Winter snow may be an object of aesthetic contemplation for us: more so than ever in an age of ecological catastrophe in which we rightly fear that soon we may never see it again, or we may see little else. It is too for the cast, led by spellbinding performances from sopranos Anna Prohaska and Elsa Dreisig, pure, seductive, and dangerous as the falling and driven snow. Yet it is also for them the key to catastrophe; any attempt to distinguish seems once again to miss the point. Where some characters, if one may call them that, acknowledge that - Otto Katzameier's Jacques most consistently – others seem, or is that just us as spectators, more partial. A house in which characters are trapped, from which they continually escape to the rooftop to experience the snow that will claim them soon enough, offers form, visual, dramatic, even musical; or so we imagine. At any rate, its confines, like those of the score, those of the stage, those of the opera house, both permit and prevent our eyes and ears zooming in on detail – as in (imaginary outsider?) Tanja’s (imaginary?) gallery. 




Furrer’s word-setting acknowledges and extends partiality and wholeness of experience, yet also calls them into question. Its metrical intricacies do not merely mirror the snow; do they perhaps in some aesthetic, even aestheticising sense, incite or create it? Shifting orchestral timbres, Klangfarbenmelodien for an age in which snow might eventually turn violet, seem at times to form the basis for pitch, rhythm, and other parameters, at other times to carry on regardless: like snow, like humans lost therein.
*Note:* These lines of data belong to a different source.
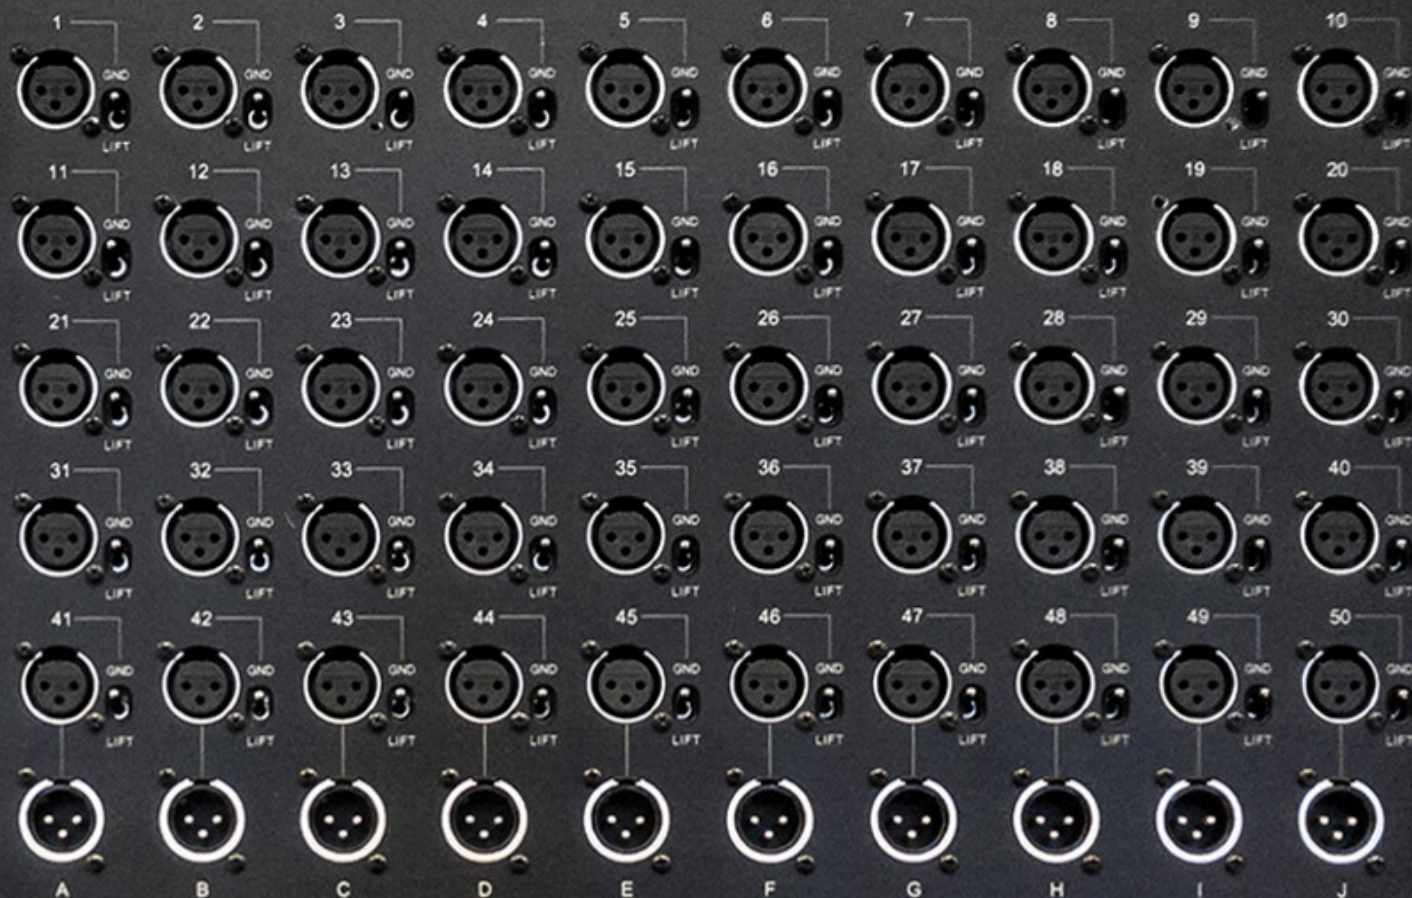

INPUTS

1-12

13-24

25-36

FOH

MONITOR

BROADCAST

What about the meantime? Those humans might ask each other that, but do they, and what would be the point? Maybe there is no meantime, for the end is soon upon us. Guided by Matthias Pintscher’s typically expert direction of the superlative Staatskapelle Berlin, we know and yet do not know that the magic of a Gesamtkunstwerk, of nature, of art, of aesthetic contemplation, of activism, have passed before us and yet also have not. Sun will come, will vanquish – and it does. Viole(n)t snow and life? Certainly. Why? Who knows and who cares? Frame and stage remain: faithful reflection, artifice, or both?